MATERIAL TO PROCESS: Begin

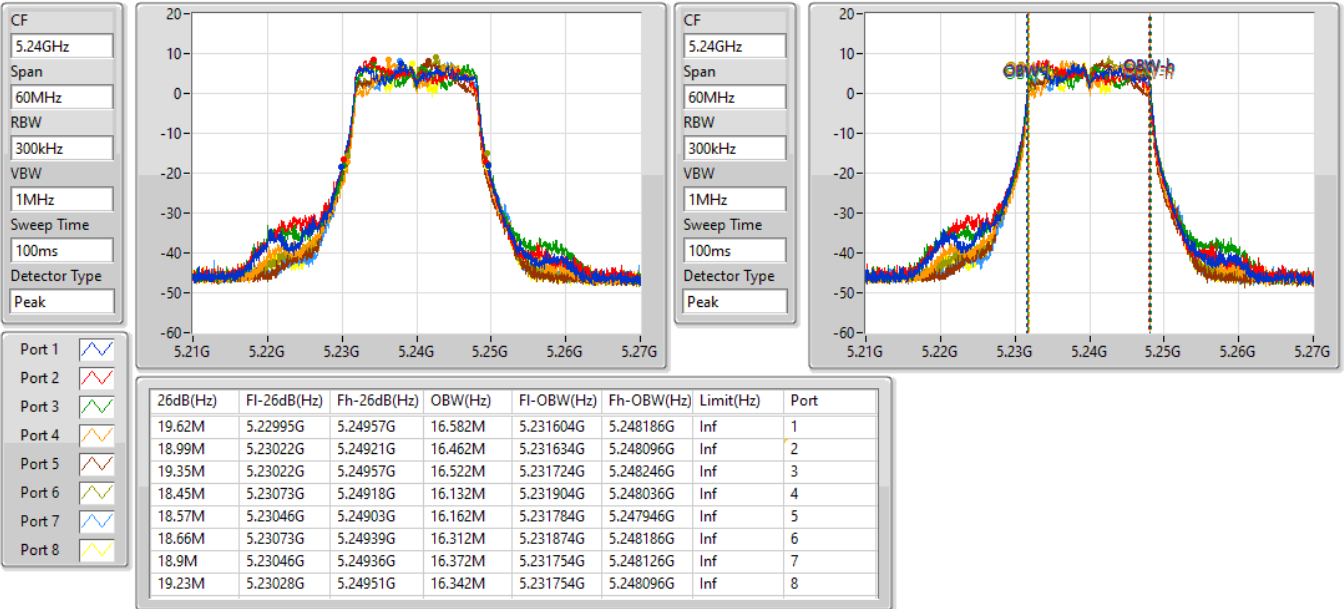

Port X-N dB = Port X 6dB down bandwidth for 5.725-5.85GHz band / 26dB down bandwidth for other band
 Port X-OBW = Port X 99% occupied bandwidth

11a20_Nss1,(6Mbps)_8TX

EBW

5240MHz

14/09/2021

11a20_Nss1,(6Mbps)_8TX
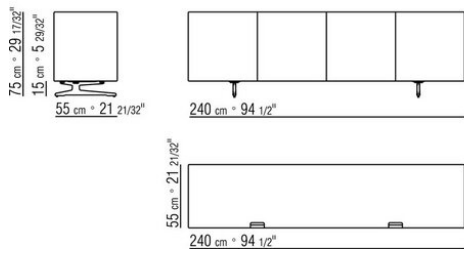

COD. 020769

MATERIAL TO PROCESS: End

Pull every line with "Port" from the records.

SOLUTION
Port X-N dB = Port X 6dB down bandwidth for 5.725-5.85GHz band / 26dB down bandwidth for other band
 Port X-OBW = Port X 99% occupied bandwidth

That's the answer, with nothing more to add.